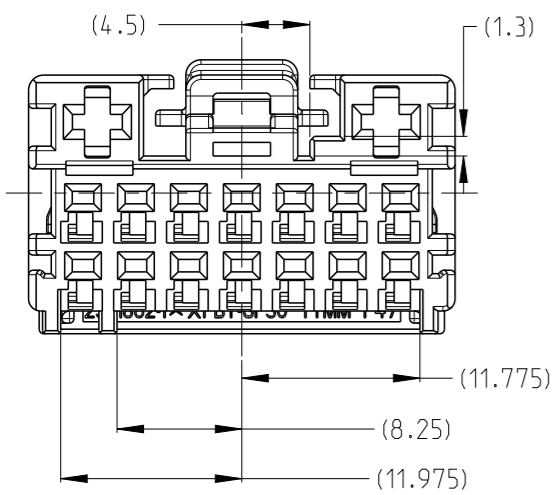

REVISIONS

P	LTR	DESCRIPTION	DATE	DWN	APVD
1	B	B SAMPLE	25SEP2017	A.D	I.Y
A		RELEASE	06AUG2018	A.D	SY.W
A1		ECR-18-010243	07SEP2018	A.D	SY.W
B		ECR-19-002169	25DEC2018	A.D	I.Y

NOTE:

- 1. TPA IN PRE-LOCK STATUS WHEN DELIVERY.
- 2. TPA IN END-LOCK AFTER CONTACT ASSEMBLY.
- 3. PRODUCT SPEC 108-101579.
- 4. MATING PART IS \*-2316757-\*
- 5. APPLICABLE CONTACT AND WIRE SIZE .SEE BELOW:

CONTACT SIZE (MM)	WIRE SIZE (MM2)	INSULATION DIA (MM)	CONTACT	PLATING
1.2	0.22-0.35	1.1-1.4	2296537-1	PRE-TIN
	0.5-0.75	1.4-1.9	2296537-2	PRE-TIN
	1.0-1.5	1.9-2.4	2296537-3	PRE-TIN
2.8	0.5-1.0	1.4-2.1	1241388-1	PRE-TIN
	>1.0-2.5	2.2-3.0	1241390-1	PRE-TIN
	>2.5-4.0	2.7-3.7	1-968853-1	PRE-TIN

2301812-1 CODING A BLACK

2301812-2 CODING B YELLOW

THIS DRAWING IS A CONTROLLED DOCUMENT.

DIMENSIONS:	TOLERANCES UNLESS OTHERWISE SPECIFIED:
mm	
Ø PLC	±
1 PLC	±0.1
2 PLC	±0.01
3 PLC	±0.001
4 PLC	±0.0001
ANGLES	±
MATERIAL	FINISH
SEE TABLE	-
-	finish_spec_2
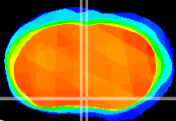

Coronal

Sagittal-R

Sagittal-L

ViBrism: CX09161
Horizontal

MPA
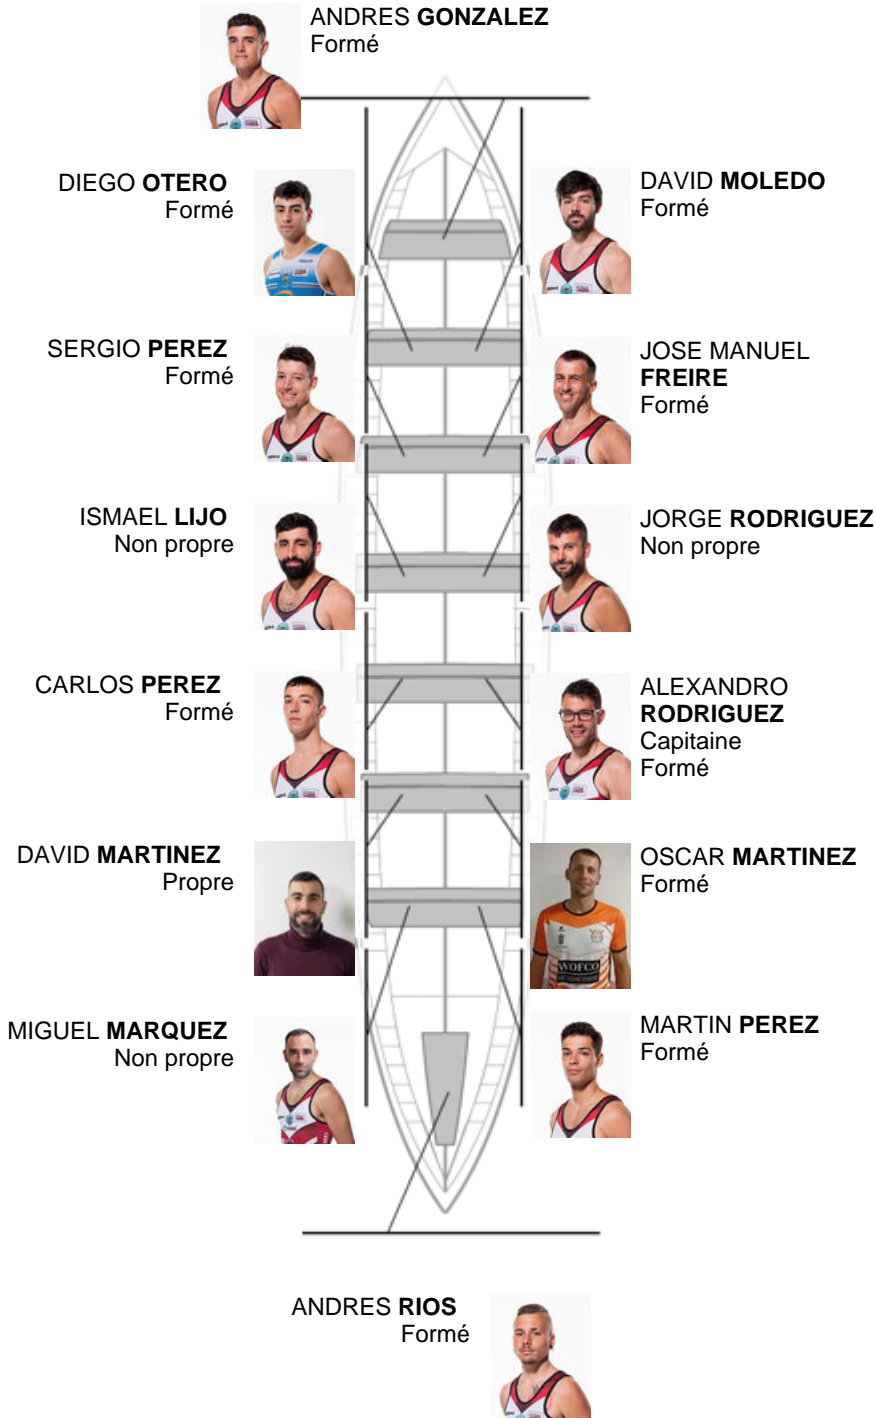

	Club	Temp	Dif	%	Points
2	C.M. BUEU - SIMEI	20:05,96	00:06.20	100.51%	6

Image not found or type unknown

Coach

Image not found or type unknown

Delegue

Firma y sello

**Supleánts**

**Remeur**  
~~OSCAR MARTINEZ~~  
~~ANDRES RIOS~~  
**Non propre**
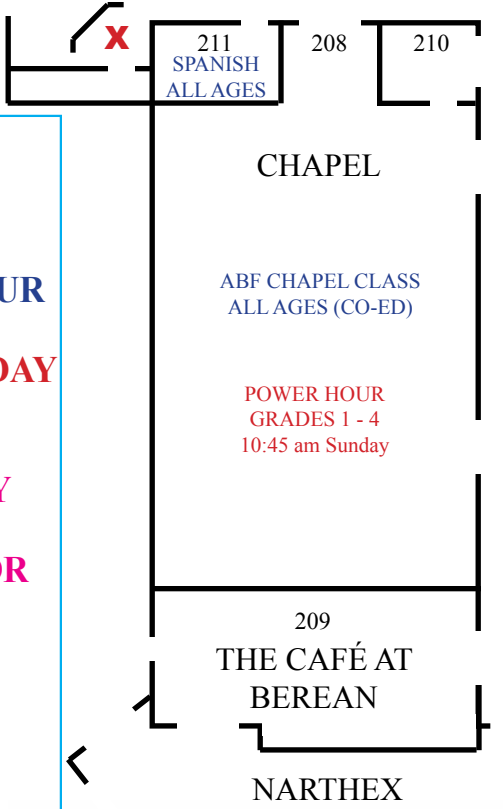

COLOR CODE

ADULT BIBLE FELLOWSHIP HOUR

CHILDREN'S SUNDAY SCHOOL

YOUTH SUNDAY SCHOOL JUNIOR & SENIOR HIGH

AWANA (WED)

NURSERIES

BATHROOMS

X = WELCOME CENTERS

TEACHERS

JAMES BATTIE	ROOM 201
DWAYNE SMITH	ROOM 109
PASTOR SEAN	ROOM 110
RUTH BRIDGES	ROOM 103
GARY BOTTS	ROOM 202
JIM PIDKAMINY	ROOM 203
EFRAIN GONZALEZ	ROOM 211
MIKE GERMANY	ROOM 303
BILL STURM	CHAPEL

******

[About this exercise] Write out the listing again word for word, but without its pictures.

[Problem solution]
REVISIONS

P	LTR	DESCRIPTION	DATE	DWN	APVD
1	B	B SAMPLE	25SEP2017	A.D	I.Y
A		RELEASE	06AUG2018	A.D	SY.W
A1		ECR-18-010243	07SEP2018	A.D	SY.W
B		ECR-19-002169	25DEC2018	A.D	I.Y

NOTE:

- 1. TPA IN PRE-LOCK STATUS WHEN DELIVERY.
- 2. TPA IN END-LOCK AFTER CONTACT ASSEMBLY.
- 3. PRODUCT SPEC 108-101579.
- 4. MATING PART IS \*-2316757-\*
- 5. APPLICABLE CONTACT AND WIRE SIZE .SEE BELOW:

CONTACT SIZE (MM)	WIRE SIZE (MM2)	INSULATION DIA (MM)	CONTACT	PLATING
1.2	0.22-0.35	1.1-1.4	2296537-1	PRE-TIN
	0.5-0.75	1.4-1.9	2296537-2	PRE-TIN
	1.0-1.5	1.9-2.4	2296537-3	PRE-TIN
2.8	0.5-1.0	1.4-2.1	1241388-1	PRE-TIN
	>1.0-2.5	2.2-3.0	1241390-1	PRE-TIN
	>2.5-4.0	2.7-3.7	1-968853-1	PRE-TIN

2301812-1 CODING A BLACK

2301812-2 CODING B YELLOW

THIS DRAWING IS A CONTROLLED DOCUMENT.

DIMENSIONS:	TOLERANCES UNLESS OTHERWISE SPECIFIED:
mm	
Ø PLC	±
1 PLC	±0.1
2 PLC	±0.01
3 PLC	±0.001
4 PLC	±0.0001
ANGLES	±
MATERIAL	FINISH
SEE TABLE	-
-	finish_spec_2

Coronal

Sagittal-R

Sagittal-L

ViBrism: CX09161
Horizontal

MPA

	Club	Temp	Dif	%	Points
2	C.M. BUEU - SIMEI	20:05,96	00:06.20	100.51%	6

Image not found or type unknown

Coach

Image not found or type unknown

Delegue

Firma y sello

**Supleánts**

**Remeur**  
~~OSCAR MARTINEZ~~  
~~ANDRES RIOS~~  
**Non propre**

COLOR CODE

ADULT BIBLE FELLOWSHIP HOUR

CHILDREN'S SUNDAY SCHOOL

YOUTH SUNDAY SCHOOL JUNIOR & SENIOR HIGH

AWANA (WED)

NURSERIES

BATHROOMS

X = WELCOME CENTERS

TEACHERS

JAMES BATTIE	ROOM 201
DWAYNE SMITH	ROOM 109
PASTOR SEAN	ROOM 110
RUTH BRIDGES	ROOM 103
GARY BOTTS	ROOM 202
JIM PIDKAMINY	ROOM 203
EFRAIN GONZALEZ	ROOM 211
MIKE GERMANY	ROOM 303
BILL STURM	CHAPEL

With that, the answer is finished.